# Pre processing 
Here we will explain how the pre processing work and how to modify it. Some steps only apply on masks.

## Preprocessing function
There are several steps, with some optionnals :
1. **(Image only) Dimension standardisation :** First it will change images to  `(C,D,H,W)` for 3D images and `(C,1,H,W)` for 2D images. The missing dimensions are added, if your image already have a channel dimension be cautious that it is the smaller dimension as Biom3d consider the smallest dimension as the smallest. For example `(D=8,C=11,H=512,W=512)` would cause a problem.

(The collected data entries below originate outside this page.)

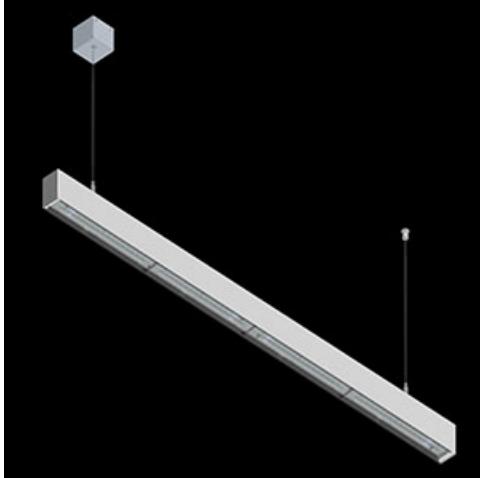

**Product:** X-LINE SLIM L-DOWN LED 3250 OPTICS-ASYM EDD 21 830 / L-1425MM S-1,5M

**Index:** 19.4090.4413.21

## Description

The luminaire is made of aluminum profile. There is only lower half-space light distribution (L-DOWN). Comparing to the traditional X-Line LED, size of the luminaire has been reduced, and all construction has been closed in a narrow 48 mm profile, which gives now a more elegant form of the product. The X-Line Slim uses a PLX or Micro-PRM opal diffuser or lenses. All of this allows to manipulate light and create lighting systems, facilitating the creation of comfortable vision in the interiors and their aesthetic appearance. The X-Line Slim luminaire is designed for mounting on suspensions.

## Product information

Category	Surface mounted luminaires
Family	X-LINE SLIM LED
Name	X-LINE SLIM L-DOWN LED 3250 OPTICS-ASYM EDD 21 830 / L-1425MM S-1,5M
Index	19.4090.4413.21

**Mechanical data**

Assembly	surface mounted on slings
Material	aluminum
Color	RAL 9006 (grey)
Diffuser	OPTICS (optical system based on lenses)
Impact resistant	IK04
Dimensions [mm]	1425 x 48 x 70

**A graph of light**

2. **(Mask only) Corrections :**  If the masks is in 2D, it will add new dimension. Then it will determine what kind of encoding your masks are in :
   1. If the masks still has 3 dimension, it use `label` encoding. It collect the unique values of your voxels and assure there are in the given number of classes. If you have more uniques values that classes (eg `[0,1,2,3]` for 3 classes), it will crash. If you have the same number of values and classes but wrong values (eg `[1,2,8]`for 3 classes) it will rearrange them to `[0,1,2,...,number of classes]`. If there are only 2 classes, it will treat them the same way as `binary` encoding. We then add the channel dimension for standardisation.
   2. If the masks has 4 dimension, it use `binary` encoding, so each voxel has a `0` or `1` for each channel. The strategy to fix potential error is to get all values and consider the most numerous value to be the background and the rest to be our channel.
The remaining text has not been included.